- Genres: Platform Metroidvania
- Developer: Bombservice
- Publishers: rdein (Momodora I–Momodora III) AGM PLAYISM (Momodora: Reverie Under the Moonlight–Momodora: Moonlit Farewell)
- First release: Momodora August 08, 2010
- Latest release: Momodora: Moonlit Farewell January 11, 2024

= Momodora =

Video game series

Momodora is a series of platform games developed by Guilherme "rdein" Martins and his studio Bombservice. The series follows several priestess heroines who utilize magic maple leaves as weapons against monsters and other cursed entities. The series consists of five games: Momodora I, Momodora II, Momodora III, Momodora: Reverie Under the Moonlight, and Momodora: Moonlit Farewell.

The games take place in an unnamed world inhabited by strange monsters and people. Dark, ruinous forces threaten the people of the land who resort to the ritual martyrdom of priestesses to propitiate evil. These evil forces and sacrifices serve as the main sources of conflict throughout the series.

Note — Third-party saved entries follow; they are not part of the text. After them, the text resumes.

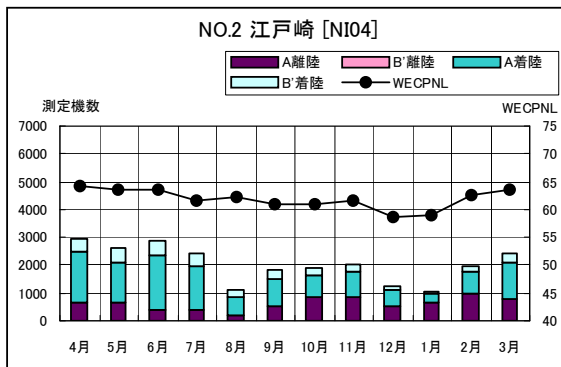

茨城県内 月別W値及び日平均測定機数

茨城県内 月別測定機数及びWECPNL

茨城県内 月別測定機数及び WECPNL

茨城県内 度数分布図

茨城県内 度数分布図

茨城県内 度数分布図

茨城県内 度数分布図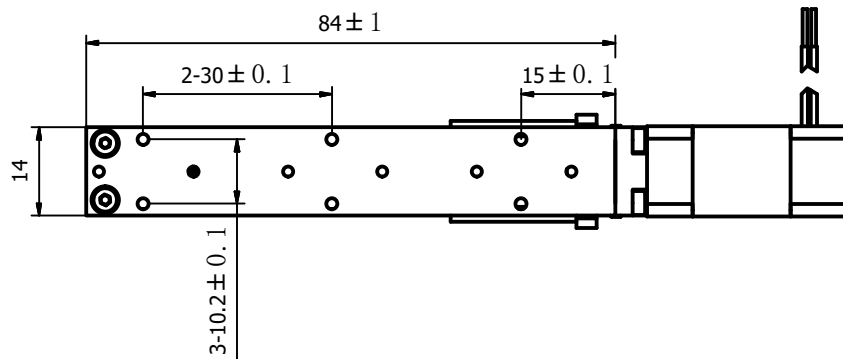

CE DLM050-06E2103T4-101
RoHS DINGS' MOTION
 电流: 0.3A Work order
 DATE REV00

变更履历			
修订	日期	描述	已批准

电机相数	2
步距角	1.8°
额定相电流	0.3A
相电阻	22 Ω ±10%
相电感	4.5 mH ±20%
步长	0.04 mm/步
螺杆外径	Φ3.5 mm
螺杆导程	8 mm
螺母材质	POM
绝缘等级	B
绝缘电阻	100M Ω (500VDC)
温升	80°C
电机重量	TBD kg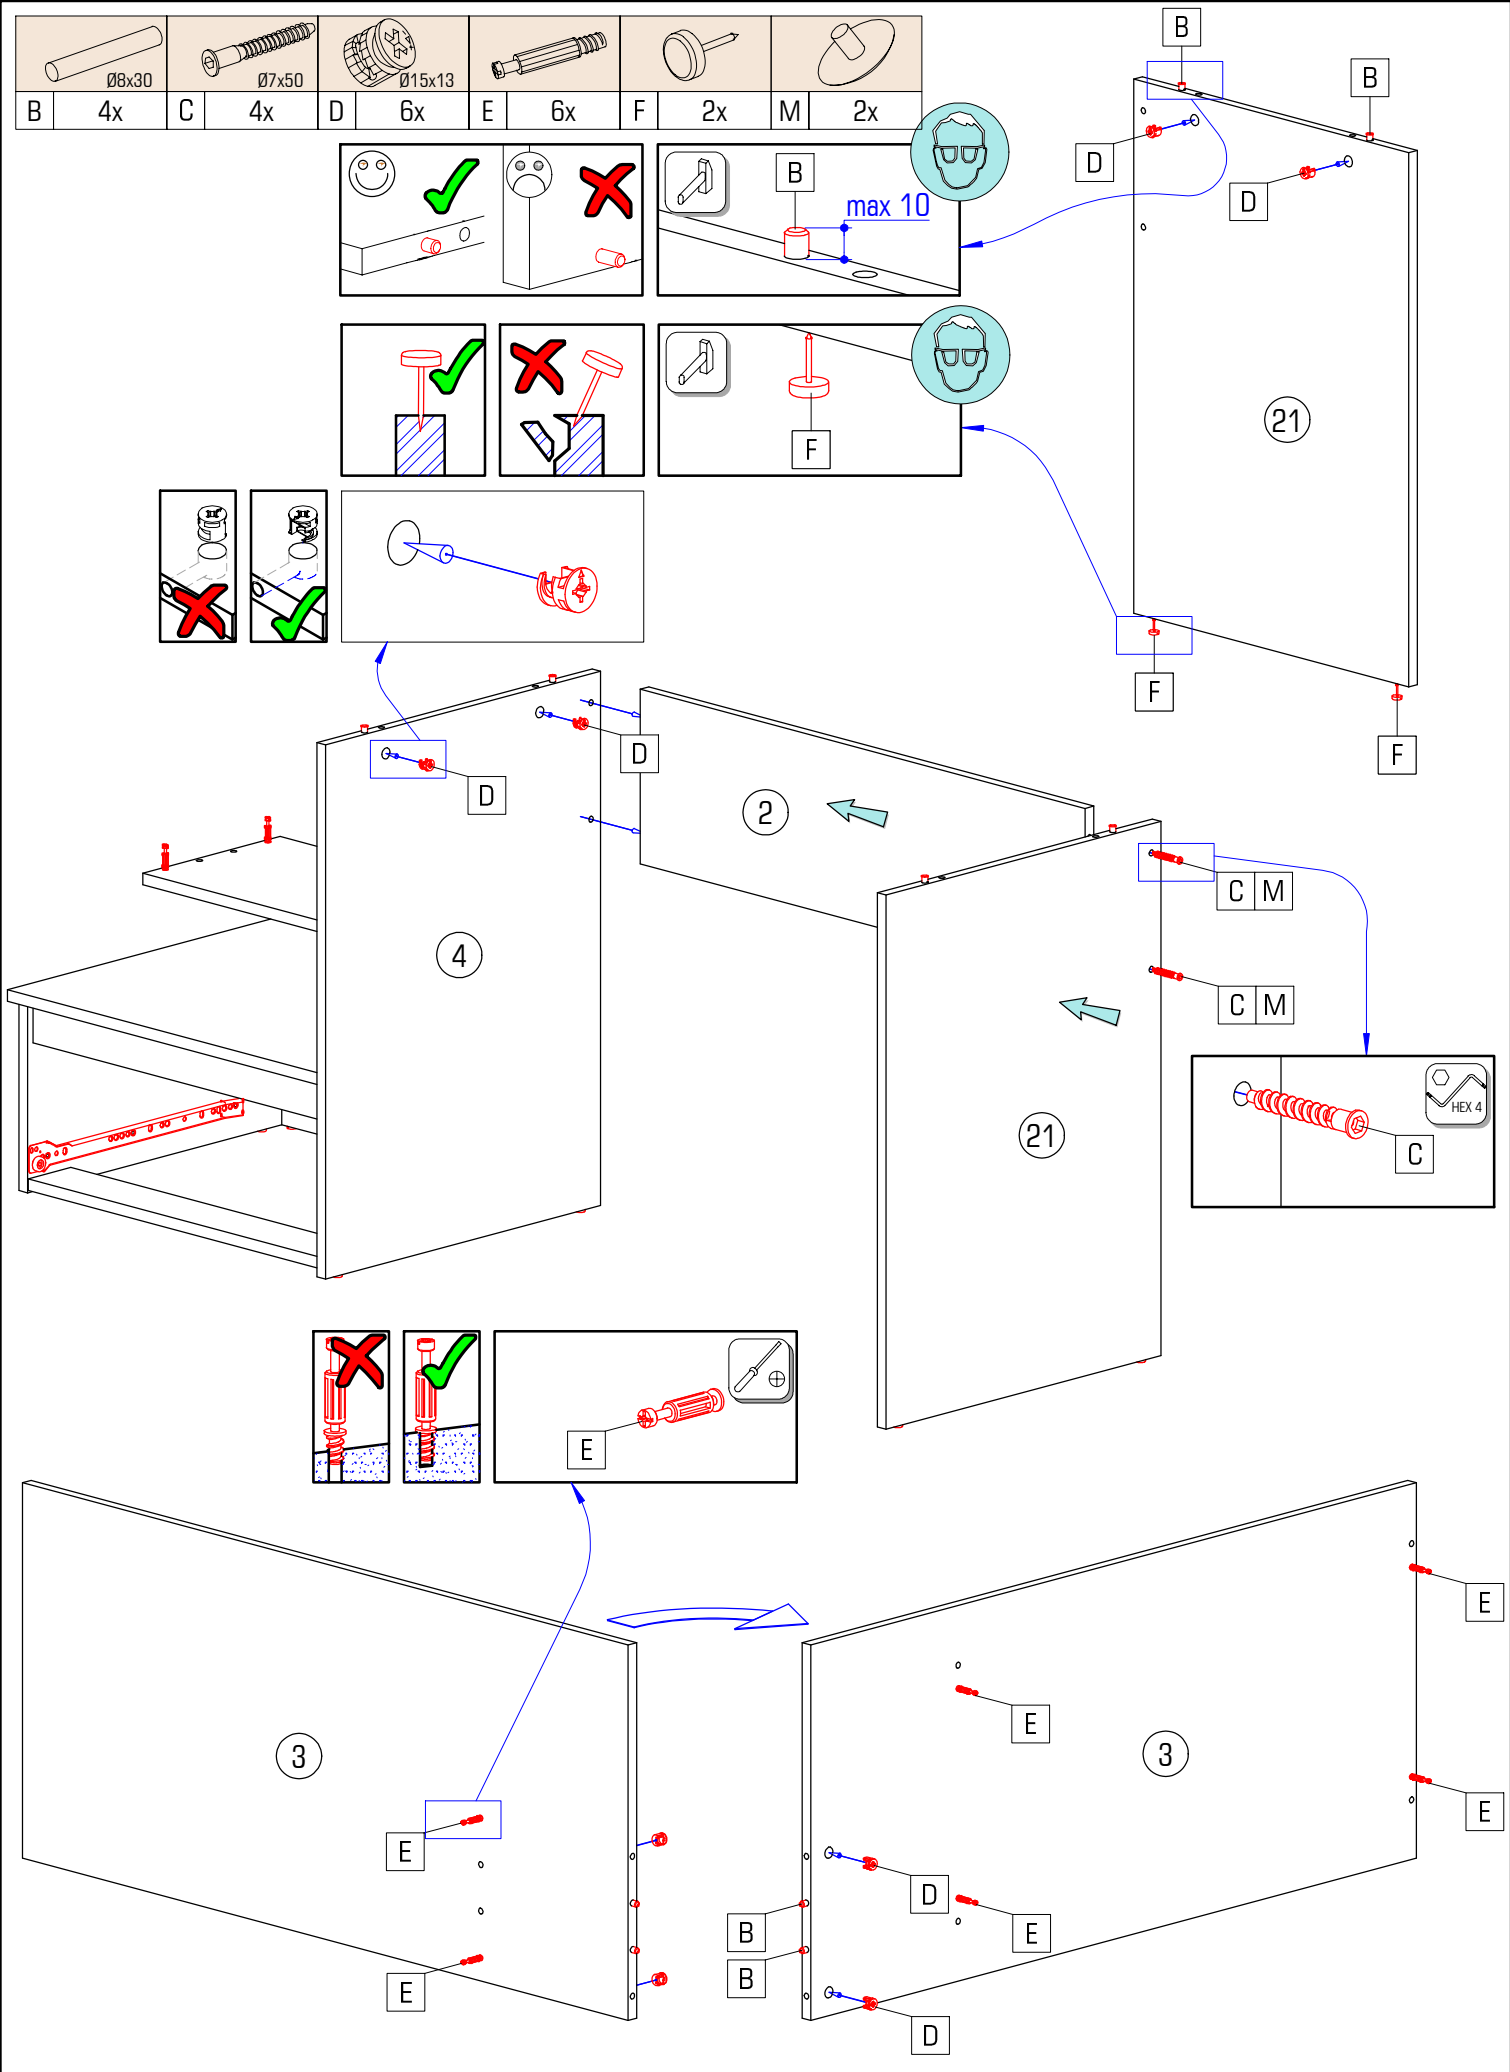

NEREO NEW

Art.-Nr.

395 881
395 882
395 883

1450
1115
516
mm

1/8

v1

48-2024

ID	ID	Dimensions	Quantity	Unit
21281	②	833*240*16	1x	1/2
21282	③	1134*516*16	1x	1/2
21283	④	734*515*16	1x	2/2
21284	⑤	583*373*16	1x	1/2
21285	⑥	581*497*16	1x	2/2
21286	⑦	564*60*16	1x	1/2
21287	⑧	564*80*16	1x	1/2
21288	⑨	264*476*16	1x	1/2
21289	⑩	584*257*16	1x	2/2
21290	⑪	345*256*16	1x	1/2
21291	⑫	706*256*16	1x	2/2
21292	⑬	706*256*16	1x	2/2
21293	⑭	283*254*16	1x	1/2
21294	⑮	601*257*16	1x	2/2
20354	⑯	400*120*16	1x	2/2
21295	⑰	507*120*16	1x	2/2
20352	⑱	400*120*16	1x	1/2
21296	⑲	406*537*3	1x	2/2
21297	⑳	574*206*16	1x	1/2
21298	㉑	734*515*16	1x	2/2

A	10x	B	42x	C	11x	D	38x	E	34x	F	6x	G	16x		
H	8x	J	3x	K	6x	L	2x	M	2x	N	1x	P	1x	R	2x

2/8 NEREO NEW

						
B 22x	D 12x	E 16x	F 4x	H 2x	K 6x	N 1x

NEREO NEW 3/8

2x

2x

4/8 NEREO NEW

					
B 4x	C 4x	D 6x	E 6x	F 2x	M 2x

NEREO NEW 5/8

		
Ø8x30		Ø15x13
B 4x	L 2x	D 4x

6/8 NEREO NEW

			
B 12x	D 12x	E 8x	R 2x

						
Ø7x50	Ø15x13			Ø3,5x15	Ø3,5x16	L=400
C 4x	D 4x	E 4x	G 4x	H 6x	J 3x	P 1x

8/8 NEREO NEW

			
A	10x	G	12x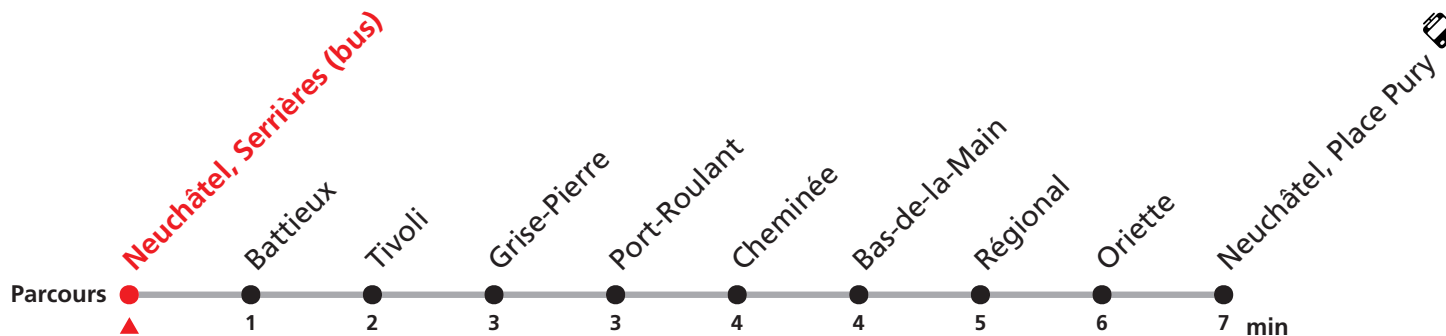

102 Serrières - Neuchâtel Place Pury

Valable du 14.12.2025 au 12.12.2026

Heure	Lundi-Vendredi	Samedi	Dimanche
5	39 49 59	39 59	
6	09 19 29 39 49 59	19 39 59	19 49
7	09 19 29 39 49 59	19 29 39 49 59	19 49
8	09 19 29 39 49 59	09 19 29 39 49 59	19 39 59
9	09 19 29 39 49 59	09 19 29 39 49 59	19 39 59
10	09 19 29 39 49 59	09 19 29 39 49 59	19 39 59
11	09 19 29 39 49 59	09 19 29 39 49 59	19 39 59
12	09 19 29 39 49 59	09 19 29 39 49 59	19 39 59
13	09 19 29 39 49 59	09 19 29 39 49 59	19 39 59
14	09 19 29 39 49 59	09 19 29 39 49 59	19 39 59
15	09 19 29 39 49 59	09 19 29 39 49 59	19 39 59
16	09 19 29 39 49 59	09 19 29 39 49 59	19 39 59
17	09 19 29 39 49 59	09 19 29 39 49 59	19 39 59
18	09 19 29 39 49 59	09 19 29 39 49 59	19 39 59
19	09 19 29 39 49 59	09 19 39 59	19 39 59
20	09 19 39 59	19 39 59	19 39 59
21	19 49	19 49	19 49
22	19 49	19 49	19 49
23	19 49	19 49	19 49
0	27	27	27

Renseignements

SONT CONSIDÉRÉS COMME DIMANCHES :

25-26.12, 01-02.01, 03.04, 06.04, 01.05, 14.05, 25.05, 01.08, 21.09

Durant la Fête des Vendanges de Neuchâtel, 25-27.09, des véhicules supplémentaires circulent pour acheminer les nombreux voyageurs. Des retards et perturbations sont à prévoir. Anticipez vos déplacements.

The first two games in the series are short freeware titles exclusive to itch.io. The third, fourth and fifth games in the series were released to Steam, where they saw comparatively greater popularity.

== Main series ==

Aggregate review scores As of November 10, 2017.
| Game | GameRankings | Metacritic |
|---|---|---|
| Momodora | – | – |
| Momodora II | – | – |
| Momodora III | – | – |
| Momodora: Reverie Under the Moonlight | (PC) 85.00% (PS4) 77.44% (XONE) 76.00% | (PC) 82 (PS4) 76 (XONE) 77 |

Release timeline
| 2010 | Momodora |
| 2011 | Momodora II |
2012
2013
| 2014 | Momodora III |
2015
| 2016 | Momodora: Reverie Under the Moonlight |
2017
2018
2019
2020
2021
2022
2023
| 2024 | Momodora: Moonlit Farewell |

=== Momodora and Momodora II (2010-2011) ===
In Momodora, Isadora Doralina, an orphaned girl, goes on a journey to resurrect her dead mother who was lost to the land of Koho's ritual sacrifices. She goes in search of a sacred item rumored to have the power to bring the dead back to life for a "certain price". Mike Rose of IndieGames.com noted that it was heavily influenced by Cave Story, as well as other games like Mega Man, Metal Slug and The Legend of Zelda, describing the ritual as "strange and unsettling".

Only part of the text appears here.